Calculate Delta G for the spontaneous cell produced from the following:
Al^3+ + 3e^- -> Al (s)
Mg^2+ + 2e^- -> Mg (s)
In order to solve this, you need to determine the half reactions..ie which is reduced and which is oxidized. How do I know which one is being reduced and which is being oxidized? :s
deltaG= -nFEcell
n= number of electrons transferred in the reaction
3Mg= 3Mg+2 + 6e-
2Al+3 + 6e- = 2Al
n= 6
F= faradays constant= 96500 J/V mol e-
Ecell= Ecathode-Eanode
Cathode: Al+3 + 3e- = Al E= -1.66 V
Anode: Mg+2 + 2e- = Mg E= -2.37
Ecell= -1.66 - -2.37
Ecell= .71
deltaG= - (6) (.71) (96500)
deltaG= -410000 J/mol or -410 kJ/mol
You look up the Eo values for Al and Mg. Some quick numbers I remember, but you need to look them up and do the work more accurately,is
Eo for Al^+3 + 3e = -1.66 volt
Eo for Mg^+2 + 2e = -2.37
Turn the most negative value around to make it an oxidation and add to the other (in order to obtain a positive value for the cell potential).
3(Mg ==> Mg^+2e) E = +2.37
2(Al^+3 + 3e ==> Al) E = -1.66
=====================
3Mg + 2Al^+3 + 6e ==>3Mg^+2 + 2Al + 6e
Then, remember oxidation is the loss of electrons; reduction is the gain of electrons.

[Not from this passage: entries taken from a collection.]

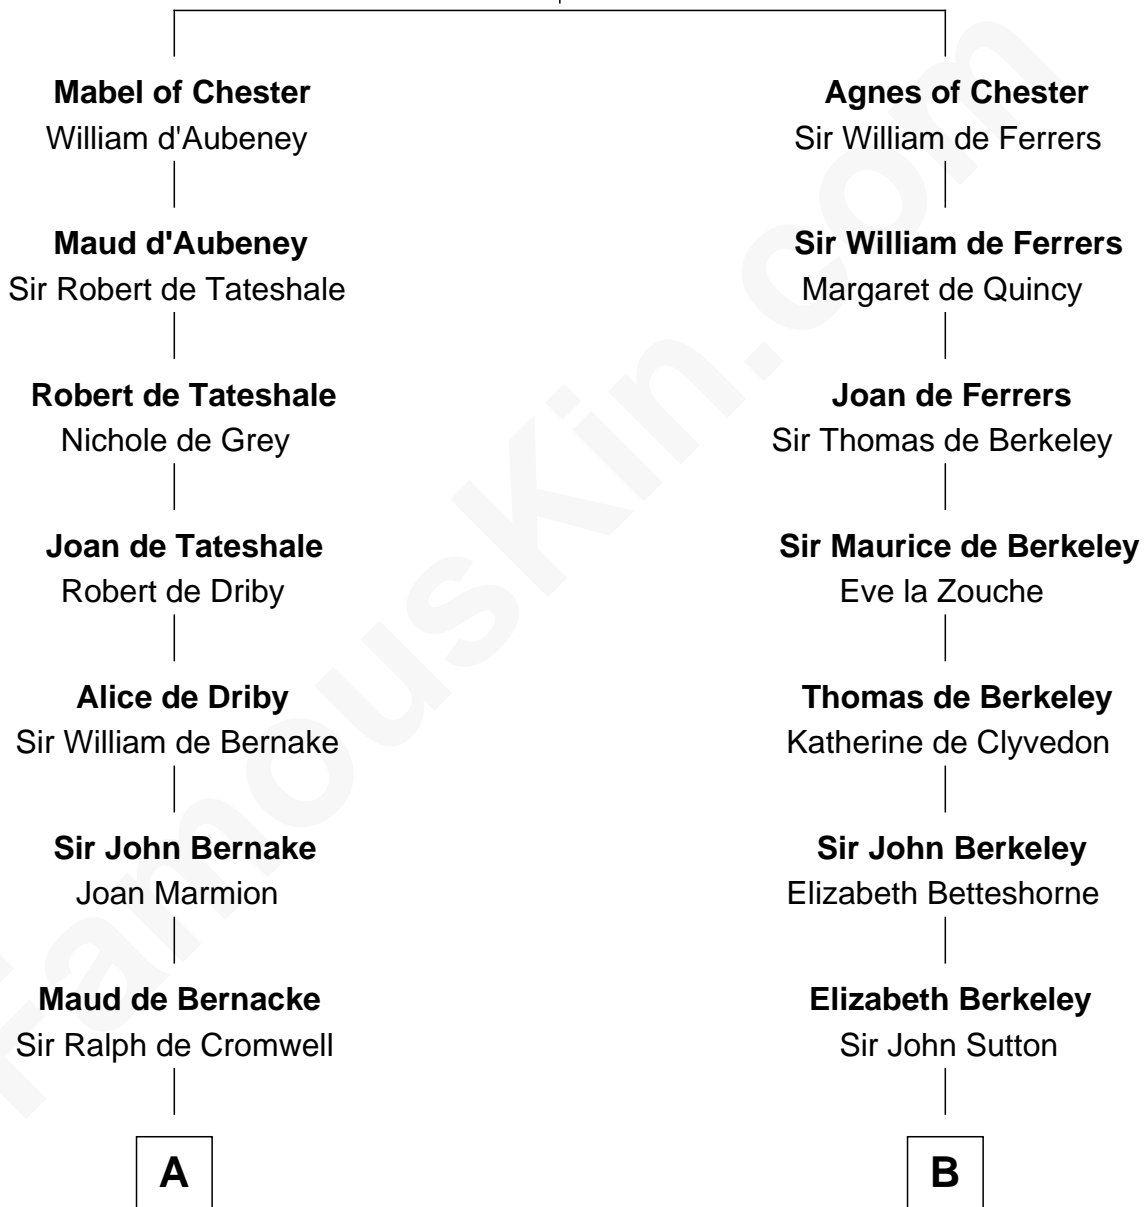

FamousKin.com

Relationship Chart of

William Wentworth

(c1616 - 1696/7) Great Migration Immigrant 1638

18th cousin of

William Woodbridge
2nd Governor of Michigan

Hugh de Kevelioc
Bertrade de Montfort

C

William Wentworth

Susanna Carter

William Wentworth

Great Migration Immigrant 1638

D

Dudley Woodbridge

Lucy Backus

William Woodbridge

2nd Governor of Michigan

FamousKin.com
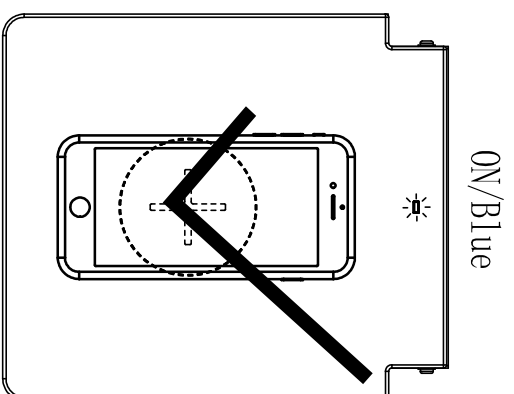

BLA98263-1
www.eglo.com

ON/Blue

OFF

Frequency: 110-205KHz
Max. -2.1dBµA/m

To determine which species is being reduced and which one is being oxidized, you can follow a few steps:
Step 1: Write down the oxidation states for each element in the reaction. In this case, we have:
Al^3+: +3 oxidation state
Al (s): 0 oxidation state
Mg^2+: +2 oxidation state
Mg (s): 0 oxidation state
Step 2: Compare the oxidation states of the elements before and after the reaction. The element that undergoes an increase in oxidation state is being oxidized, while the element that undergoes a decrease in oxidation state is being reduced.
In the given reactions:
- The oxidation state of aluminum (Al) changes from +3 to 0. It goes from a positive oxidation state to no charge, so it is being reduced (gaining electrons).
- The oxidation state of magnesium (Mg) changes from +2 to 0. It goes from a positive oxidation state to no charge, so it is also being reduced (gaining electrons).
Both aluminum and magnesium are being reduced in their respective half-reactions.
Remember that the species being oxidized loses electrons while the species being reduced gains electrons.
To determine which species is being oxidized and which is being reduced, you need to look at the changes in oxidation states of the atoms involved.
In the given half-reactions:
Al^3+ + 3e^- -> Al (s)
Mg^2+ + 2e^- -> Mg (s)
The oxidation state of Al changes from +3 to 0, and the oxidation state of Mg changes from +2 to 0.
Understanding oxidation states:
- Oxidation state refers to the charge an atom would have in a compound if electrons were completely transferred.
- Atoms tend to gain or lose electrons in a way that allows them to attain a noble gas electron configuration.
In the first half-reaction, Al^3+ is reduced (gains electrons) since the oxidation state of Al decreases from +3 to 0.
In the second half-reaction, Mg^2+ is also reduced (gains electrons) since the oxidation state of Mg decreases from +2 to 0.
Therefore, Al^3+ is being reduced, and Mg^2+ is also being reduced.